- Task prompt
As the answer, give a copy of each line below that includes the word "Almond".

'''

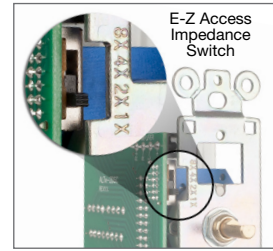

Volume Controls

RUSSOUND'S VOLUME CONTROL WARRANTY

Hassle-Free Gold Guarantee

Two Reasons to Purchase Russound Volume Controls

BULLETPROOF

The ALTx line of Volume Controls has a high power handling capability of 126W for superior performance, added reliability and durability.

HASSLE-FREE GOLD GUARANTEE

Russound is so confident in the performance and reliability of its ALTx Volume Controls that if one should fail for any reason, we'll send you a replacement free of charge (no return necessary).

Simply contact Russound customer support with your shipping address and we will promptly send a free replacement to you. Proof of purchase may be required.

ALT-126R 126 Watt Impedance Matching Volume Control

- Easy access impedance switch behind front plate
- 126W peak, 42W RMS continuous
- 12 steps of attenuation including Off
- Accepts up to 12AWG cable
- Includes both white and Lt. Almond Decora® plates, inserts and knobs
- Easily converts to standard style plate with ALT-VC Standard Color Kit
- Lifetime warranty

Dimensions: 1.625"W x 2.675"H x 2.5"D (41 x 73 x 63 mm)

Shipping Weight: 1.2lbs (0.54kg)

6100-536281 ALT-126R White and Lt. Almond

ALT-VC Decora Color Kit

Contains 1 each of: Decora insert, Decora cover plate, screws (pair), knob.

Shipping Weight: 1 lb (0.5 kg)

- 6100-536670 Almond
- 6100-536694 Black
- 6100-536717 Bone
- 6100-536731 Brown
- 6100-536755 Lt Almond
- 6100-536779 White

ALT-VC Standard Color Kit

Converts ALT-126R to standard plate style. Contains one each of: Standard plate, knob and screws (pair).

Shipping Weight: 1 lb (0.5 kg)

- 6100-536687 Almond
- 6100-536700 Black
- 6100-536724 Bone
- 6100-536748 Brown
- 6100-536762 Lt Almond
- 6100-536786 White

WALTx-2

Weatherproof volume control with standard gray plate and knob. 12 position switch. Provides 1x, 2x, 4x, 8x impedance matching. Fits a standard 3/4" PVC outdoor conduit.

Dimensions:
3" W x 5" H x 3.75" D (76.5 x 127 x 95.5 mm)

Shipping Weight: 1.75 lbs (0.79 kg)

6500-114113 WALTx-2

EZB-8 E-Z Connect Speaker Terminal Block

Simplifies system wiring with volume control installations. Connects up to 8 pairs of speakers. Removable, screw-down connectors. Easily mounts to a wall, cabinet or structured wiring can with push-lock plugs included. Easily add additional speakers. Works with up to 12AWG wire.

Dimensions:
6.85 W x 3.0 H x 1.0" D (17.4 x 7.6 x 2.5cm)

Shipping Weight: 0.7 lbs (0.3 kg)

8100-536106 EZB-8

TBL-75 Table Top Volume Control

126 watt volume control with headphone jack speaker override. Installer configurable from 1x, 2x, 4x or 8x impedance matching.

Dimensions:
6.1" W x 2.5" H x 2" D (154 x 63.5 x 49.3 mm)

Shipping Weight: 2.5 lbs (1.1 kg)

6400-113161 TBL-75

'''

- Solution for this exercise
- Includes both white and Lt. Almond Decora® plates, inserts and knobs
6100-536281 ALT-126R White and Lt. Almond
- 6100-536670 Almond
- 6100-536755 Lt Almond
- 6100-536687 Almond
- 6100-536762 Lt Almond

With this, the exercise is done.